Personal information
- Full name: Getúlio Aurelio Fredo
- Date of birth: September 22, 1954 (age 71)
- Place of birth: Porto Alegre

Team information
- Current team: JK Jalgpallihaigla

Managerial career
- Years: Team
- 1981–1983: Sport Club Internacional (Women's team)
- 1984–1986: Thamrongthai FC
- 1993–1996: Nations United
- 1997–1999: FC Raisio
- 2000–2001: Nations United
- 2001–2002: FC Cosmos
- 2003: Brazil U17 (Assistant)
- 2003–2006: FC HDS
- 2007–2010: JK Nõmme Kalju
- 2008–2009: Estonia national futsal team
- 2010–2013: JK Nõmme Kalju (assistant)
- 2011–2012: Nõmme Kalju FC II
- 2015–2017: Nõmme Kalju FC III
- 2015: Nõmme Kalju FC (caretaker manager)
- 2018: JK Jalgpallihaigla

= Getúlio Fredo =

Brazilian football manager

Getúlio Aurelio Fredo (born 22 September 1954) is a Brazilian-born football manager.

==Coaching career==
Fredo's most recent position was as the head coach of the Estonian football club Nõmme Kalju.
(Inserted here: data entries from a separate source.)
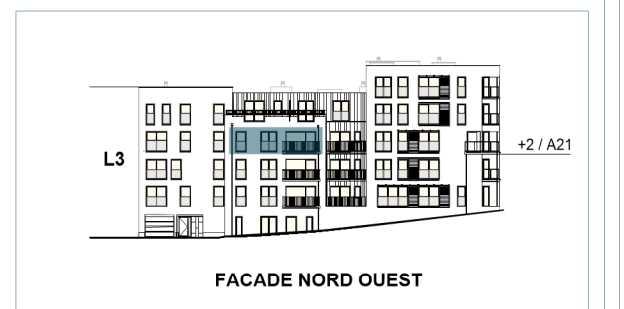

# les hauts prés

Bâtiment OXALYS - L2.1

Appartement A21

 L2.1	 2/4	 2
 2	 88,0 m <sup>2</sup>	 6,0 m <sup>2</sup>

Situation

See commercial specifications and basic act. For all information concerning the technical services, see specific building drawings and commercial specifications. Kitchens are for reference only, please consult specific kitchen drawings.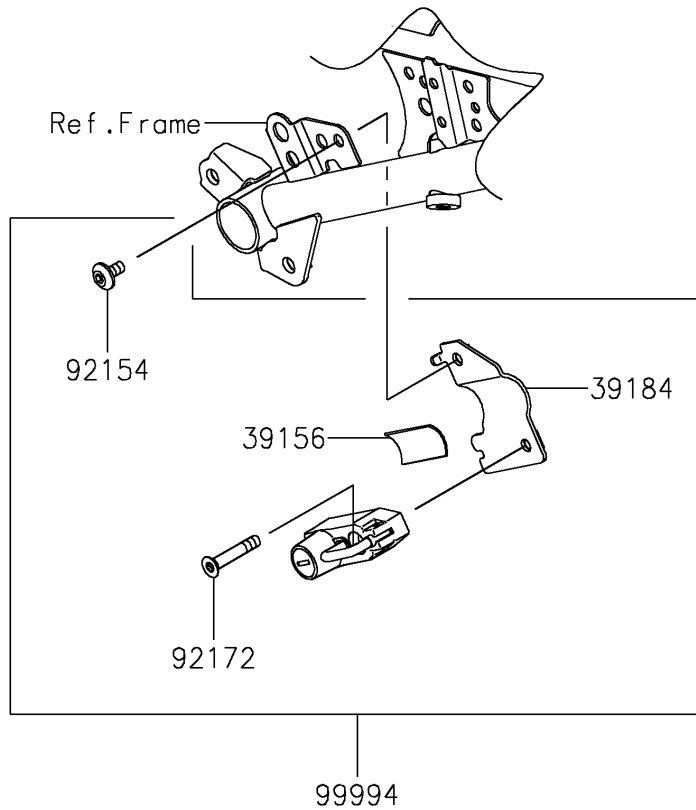

# 2024 Ninja 400 KRT Edition ABS PARTS DIAGRAM

Accessory(Helmet Lock)

F2910F

## 2024 Ninja 400 KRT Edition ABS PARTS LIST

Accessory(Helmet Lock)

ITEM NAME	PART NUMBER	QUANTITY
PAD,25X33X1 (Ref # 39156)	39156-2158	1
BRACKET-ASSY (Ref # 39184)	39184-0745	1
BOLT,SOCKET,6X12 (Ref # 92154)	92154-2355	1
SCREW,HEXLOBE,6X35 (Ref # 92172)	92172-0835	1
HELMET LOCK (Ref # 99994)	99994-1732	1

He led the club to their first ever participation in a European competition when they lost against FC Dinaburg in the first qualifying round of the 2009–10 UEFA Europa League.

Fredo's career in coaching has been a lengthy one. He worked with the group of coaches who led the Brazilian U-17 to their World Cup victory some years ago. He also spent many years coaching in Finland and Thailand.

He also coached the Estonia national beach soccer team.

In March 2021, he received a sexual harassment accusation, which became a major scandal in Estonia, fuelling movements to raise the age of consent from 14 to 16 years.

He is now banned from coaching football in any country that falls under FIFA.

==Personal life==
Besides Brazilian, he also has a Finnish passport.